◆ Your instructions
A word-for-word copy of the data, with no images, is the required answer.

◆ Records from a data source
════════════════

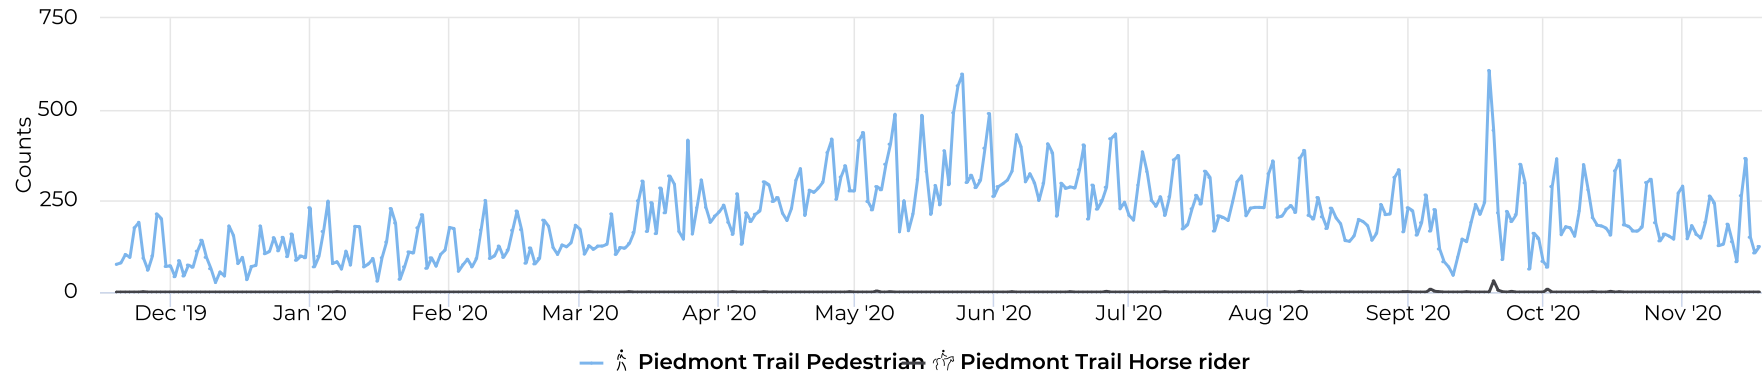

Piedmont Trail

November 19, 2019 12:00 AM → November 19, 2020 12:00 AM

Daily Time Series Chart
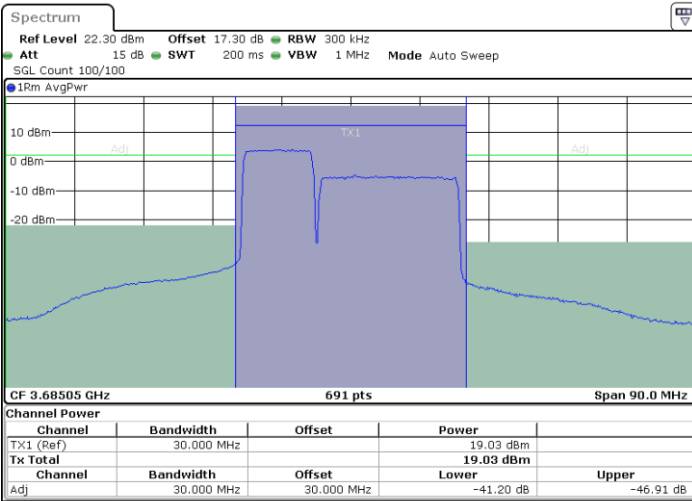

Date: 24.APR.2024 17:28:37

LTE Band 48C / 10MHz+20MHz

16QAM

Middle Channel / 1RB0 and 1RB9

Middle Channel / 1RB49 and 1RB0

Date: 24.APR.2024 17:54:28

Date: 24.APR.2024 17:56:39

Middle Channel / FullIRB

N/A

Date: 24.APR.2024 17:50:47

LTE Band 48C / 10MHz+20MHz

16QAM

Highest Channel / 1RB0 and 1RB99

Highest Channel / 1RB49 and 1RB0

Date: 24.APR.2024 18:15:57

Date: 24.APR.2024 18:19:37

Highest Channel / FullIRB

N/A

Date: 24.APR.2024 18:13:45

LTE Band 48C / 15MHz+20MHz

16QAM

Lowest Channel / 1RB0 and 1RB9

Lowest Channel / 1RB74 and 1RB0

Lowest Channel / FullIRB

════════════════

◆ Solution for this exercise
Piedmont Trail

November 19, 2019 12:00 AM → November 19, 2020 12:00 AM

Daily Time Series Chart

Date: 24.APR.2024 17:28:37

LTE Band 48C / 10MHz+20MHz

16QAM

Middle Channel / 1RB0 and 1RB9

Middle Channel / 1RB49 and 1RB0

Date: 24.APR.2024 17:54:28

Date: 24.APR.2024 17:56:39

Middle Channel / FullIRB

N/A

Date: 24.APR.2024 17:50:47

LTE Band 48C / 10MHz+20MHz

16QAM

Highest Channel / 1RB0 and 1RB99

Highest Channel / 1RB49 and 1RB0

Date: 24.APR.2024 18:15:57

Date: 24.APR.2024 18:19:37

Highest Channel / FullIRB

N/A

Date: 24.APR.2024 18:13:45

LTE Band 48C / 15MHz+20MHz

16QAM

Lowest Channel / 1RB0 and 1RB9

Lowest Channel / 1RB74 and 1RB0

Lowest Channel / FullIRB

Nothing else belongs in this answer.